**What the exercise asks**
Each entry below should be printed exactly, with every image left out.

━━ Provided records ━━

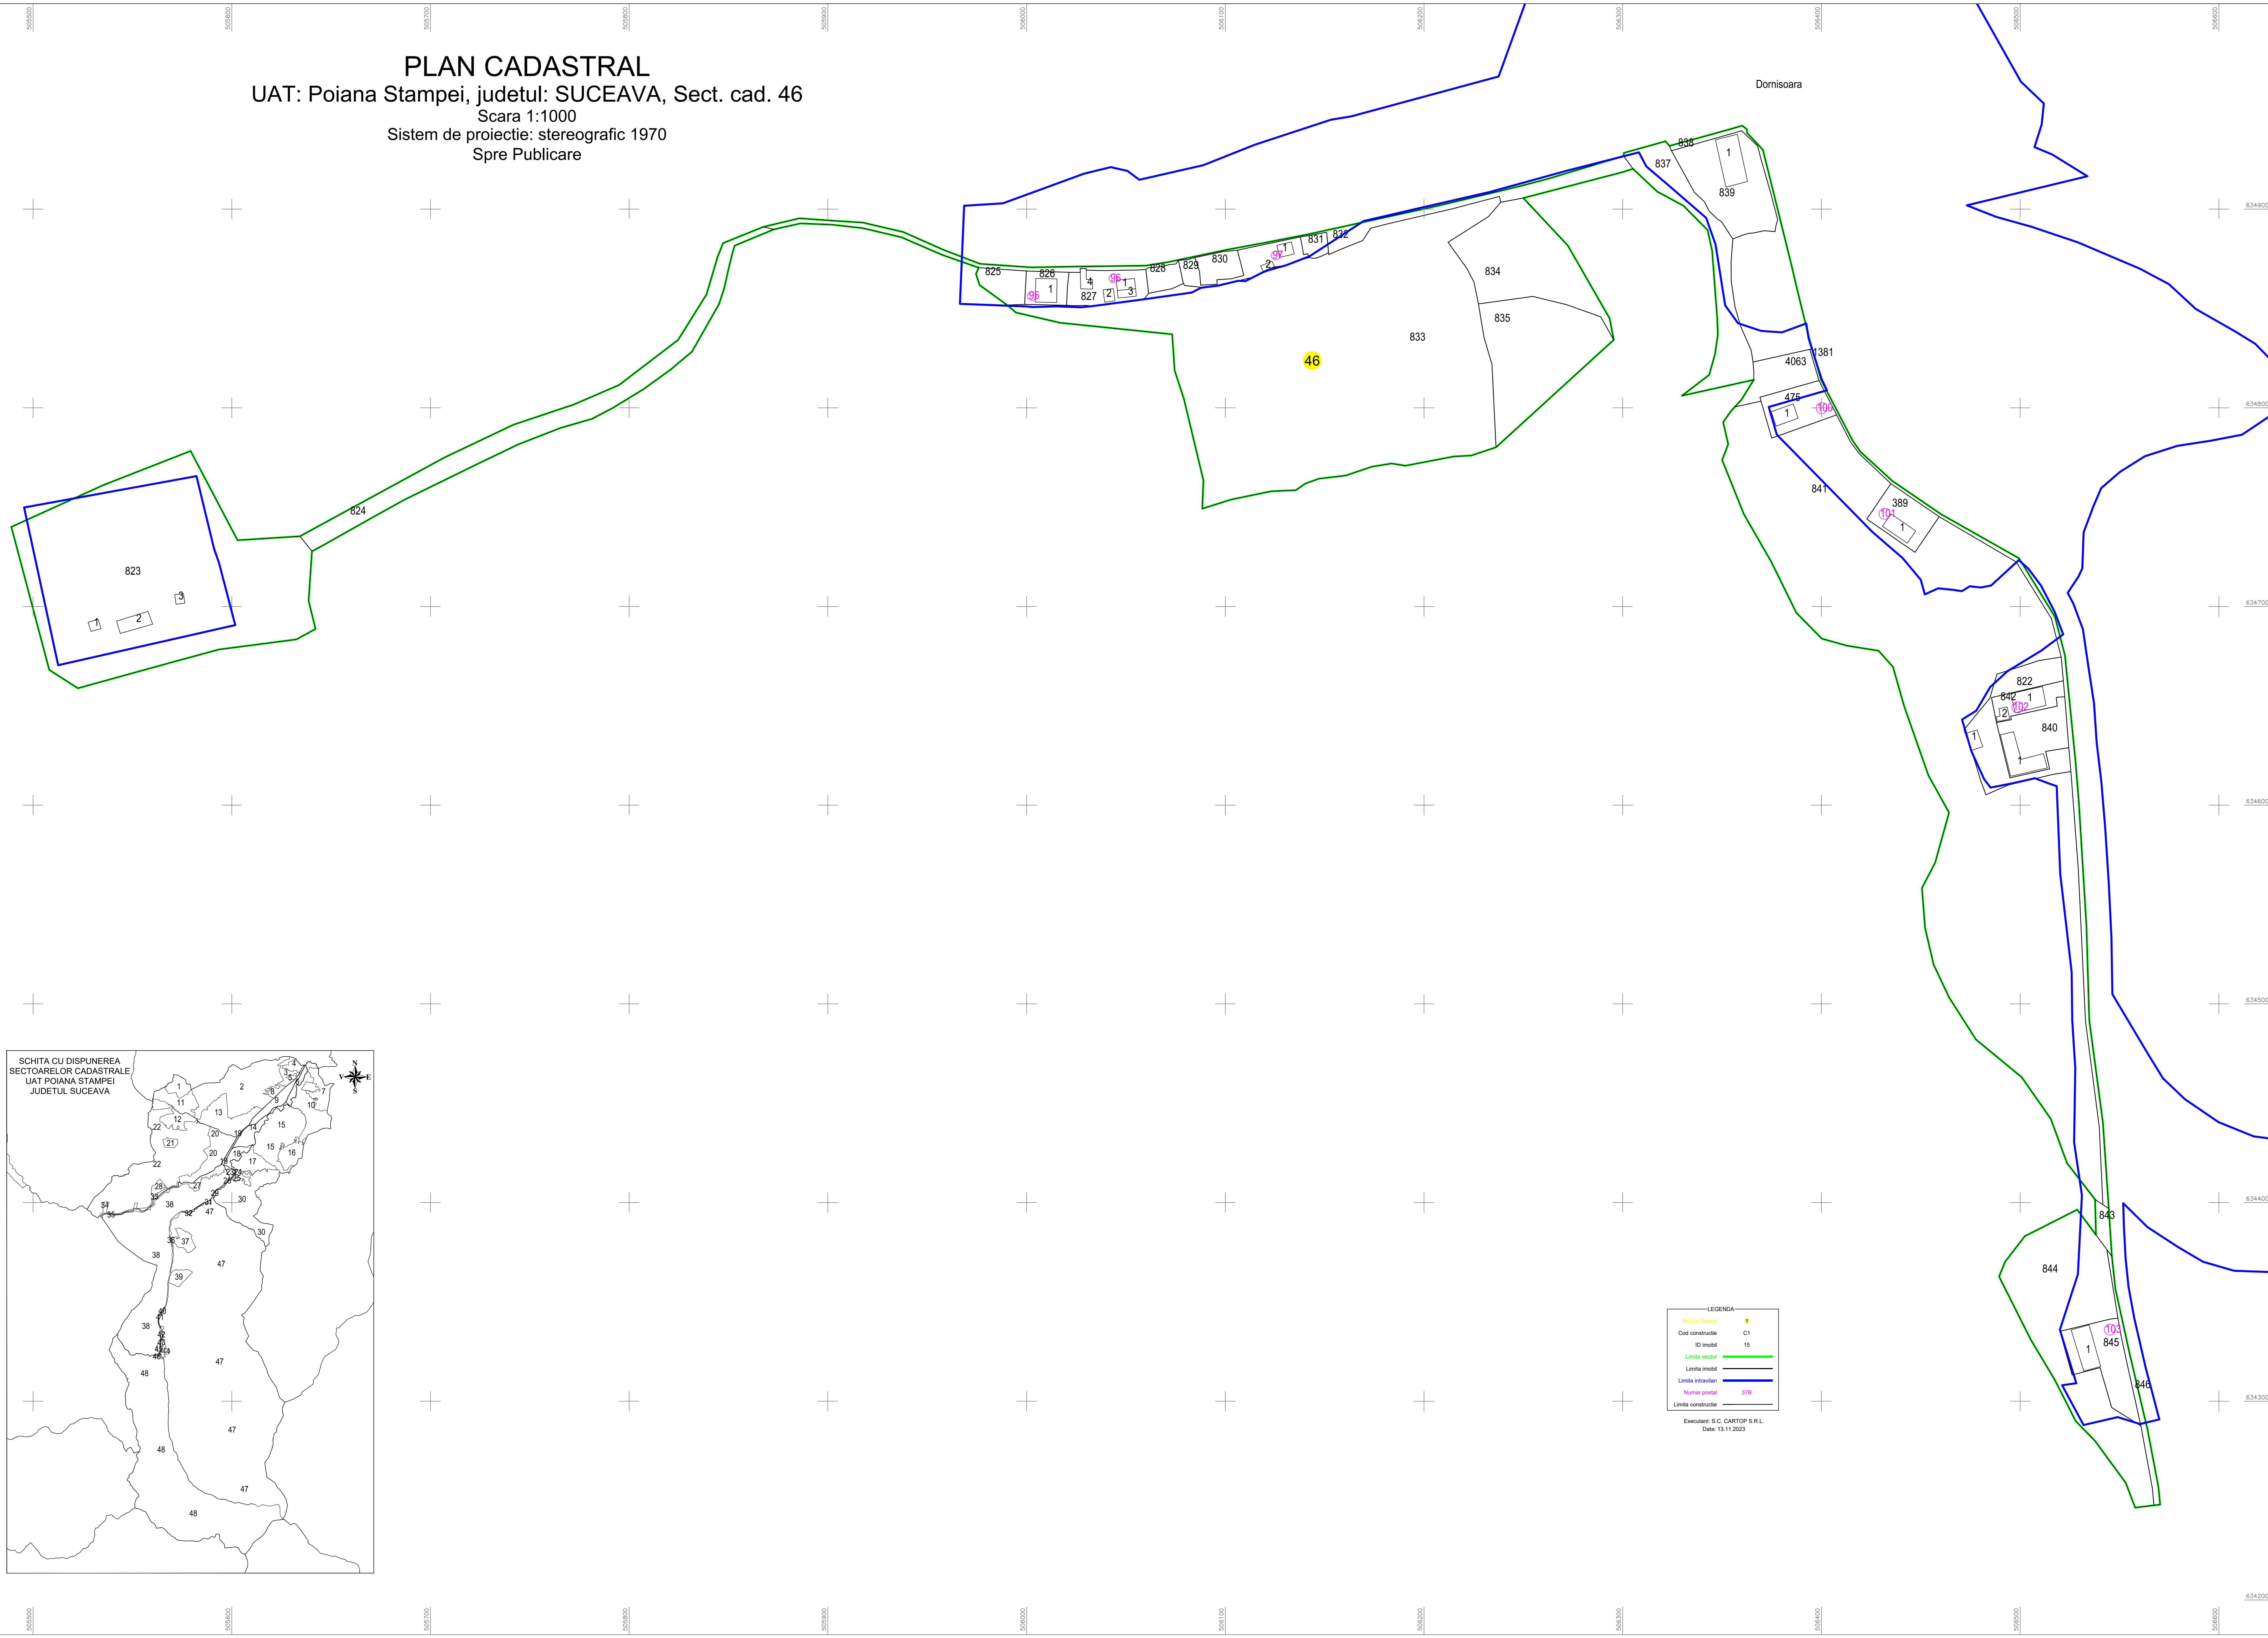

**PLAN CADASTRAL**  
UAT: Poiana Stampei, judetul: SUCEAVA, Sect. cad. 46  
Scara 1:1000  
Sistem de proiectie: stereografic 1970  
Spre Publicare

Dornisoara

LEGENDA

Numar Sector	46
Cod constructie	C1
ID imobil	15
Limita sector	—
Limita imobil	—
Limita intravilan	—
Numar postal	378
Limita construite	—

Executant: S.G. CARTOP S.R.L.  
Data: 13.11.2023

━━━

**Result of the exercise**
**PLAN CADASTRAL**  
UAT: Poiana Stampei, judetul: SUCEAVA, Sect. cad. 46  
Scara 1:1000  
Sistem de proiectie: stereografic 1970  
Spre Publicare

Dornisoara

LEGENDA

Numar Sector	46
Cod constructie	C1
ID imobil	15
Limita sector	—
Limita imobil	—
Limita intravilan	—
Numar postal	378
Limita construite	—

Executant: S.G. CARTOP S.R.L.  
Data: 13.11.2023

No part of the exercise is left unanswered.